Q2: Data Factory consists of a number of components. Mention these components briefly

Pipeline: The activities logical container
Activity: An execution step in the Data Factory pipeline that can be used for data ingestion and transformation
Mapping Data Flow: A data transformation UI logic
Dataset: A pointer to the data used in the pipeline activities
Linked Service: A descriptive connection string for the data sources used in the pipeline activities
Trigger: Specify when the pipeline will be executed
Control flow: Controls the execution flow of the pipeline activities

For more information, check Starting your journey with Microsoft Azure Data Factory

Q3: What is the difference between the Dataset and Linked Service in Data Factory?

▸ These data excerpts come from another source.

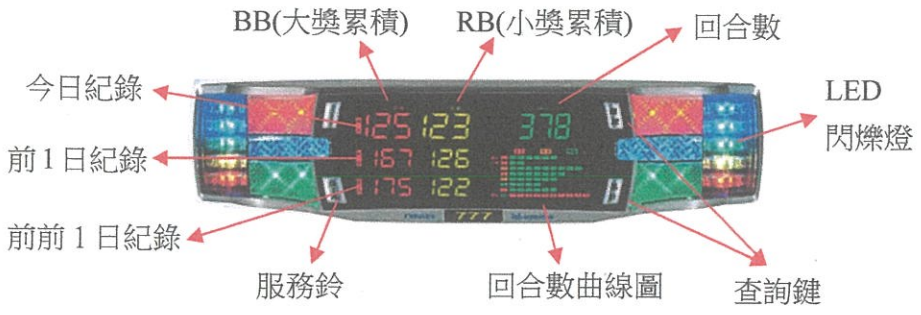

電子遊戲機說明書

A014

機具名稱	中文:快樂球-海物語在沖繩 4 原文: HAPPY BALL SEA STORY IN OKINAWA 4
遊戲流程	
遊戲說明	<ol style="list-style-type: none"> 1. 投入代幣或開分，遊戲中則不可投幣。(亦可由服務人員在框體右方以鑰匙控制並按下開分鍵開分)，每次開分最低為 100 分，最高上限為 1000 分，即可開始遊戲。 2. 轉動機台之擊球握把，調整握把角度會產生不同力道擊出彈珠，每分鐘打擊珠量約為 100 顆(一顆一分)。機台內部彈珠為 20 顆，僅供內部循環使用，彈珠不會流至機台外部。 3. 將彈珠打入對獎孔時，就會開始進行對獎動作，當螢幕出現三個數字或相同圖形連成一線即為中獎，贈分孔會開啟約 3 分鐘，將彈珠擊發至贈分孔，一次中獎得分 1536 分，玩家有機會連續中獎。 4. 玩家贏得分數後可選擇退出代幣或洗分，本遊戲退出之分數可兌換等值於新台幣二千元以下的禮品，但不可兌換現金。 5. 本機為娛樂類遊戲機台，不具有網際網路功能，無法上網連線。 6. 機台上遊戲廣告燈片屬廣告用途，可替換此機台的遊戲說明、店家 LOGO 圖形字樣，不得變更其遊戲內容。 <p>註:本遊戲共有 2 種不同版本，遊戲內容皆相同，種類圖案如附件。 本機台共有 2 種不同的外框，各外框種類圖案如附件。 大賞燈種類繁多不及備載，提供 21 種機種供參考。</p>
機具外觀及裝置說明	

機具名稱 中文:快樂球-海物語在沖繩 4
 原文: HAPPY BALL SEA STORY IN OKINAWA 4

圖
片
介
紹

大賞燈(中獎紀錄器)說明：
 一、 大賞燈不會變更遊戲中獎分數及其遊戲功能使用。
 二、 大賞燈為單一機台的中獎記錄。
 三、 遊戲中隨機變化顏色增添遊戲氣氛和豐富感。
 四、 大賞燈可依店家需求設置或不設置，並可依店家喜好選擇不同種類設置。
 五、 大賞燈種類繁多不及備載，功能大同小異，僅提供下列機種供參考。

大賞燈種類：

名稱	圖示	名稱	圖示
ARIYA		CHANBAR	
BIGWOZ		DAENDAR	
ILLUMINA-M		ELECS	
MIMOSAL		MIINA	
LEDER		SIMPLY	
A01		DAITO	
ICHIBANKAN		JUJIDEKA	
JUJIDEKAQ		VEGA	
TR II PLUS		LOO KIR	
A02		NIKKEI	
Fu Sum			

機具名稱	中文:快樂球-海物語在沖繩 4 原文: HAPPY BALL SEA STORY IN OKINAWA 4																				
圖 片 介 紹	<p>本遊戲共有 2 種不同版本:</p> <div style="display: flex; justify-content: space-around; align-items: center;"> <div style="text-align: center;">  <p>MTC 版</p> </div> <div style="text-align: center;">  <p>MTBZ 版</p> </div> </div> <p>螢幕出現以下三個數字連線表示中獎 每一種得分組合均為 1536 分 (獎項人物為隨機圖樣，實際對獎依下方列表數字圖示為主)</p> <table border="1" style="margin-left: auto; margin-right: auto;"> <tbody> <tr> <td></td> <td></td> <td></td> <td></td> <td></td> </tr> <tr> <td>111</td> <td>222</td> <td>333</td> <td>444</td> <td>555</td> </tr> <tr> <td></td> <td></td> <td></td> <td></td> <td></td> </tr> <tr> <td>666</td> <td>777</td> <td>888</td> <td>999</td> <td></td> </tr> </tbody> </table>						111	222	333	444	555						666	777	888	999	
																					
111	222	333	444	555																	
																					
666	777	888	999

Linked Service is a description of the connection string that is used to connect to the data stores. For example, when ingesting data from a SQL Server instance, the linked service contains the name for the SQL Server instance and the credentials used to connect to that instance.

Dataset is a reference to the data store that is described by the linked service. When ingesting data from a SQL Server instance, the dataset points to the name of the table that contains the target data or the query that returns data from different tables.

For more information, check Starting your journey with Microsoft Azure Data Factory

Q4: What is Data Factory Integration Runtime?

Integration Runtime is a secure compute infrastructure that is used by Data Factory to provide the data integration capabilities across the different network environments and make sure that these activities will be executed in the closest possible region to the data store.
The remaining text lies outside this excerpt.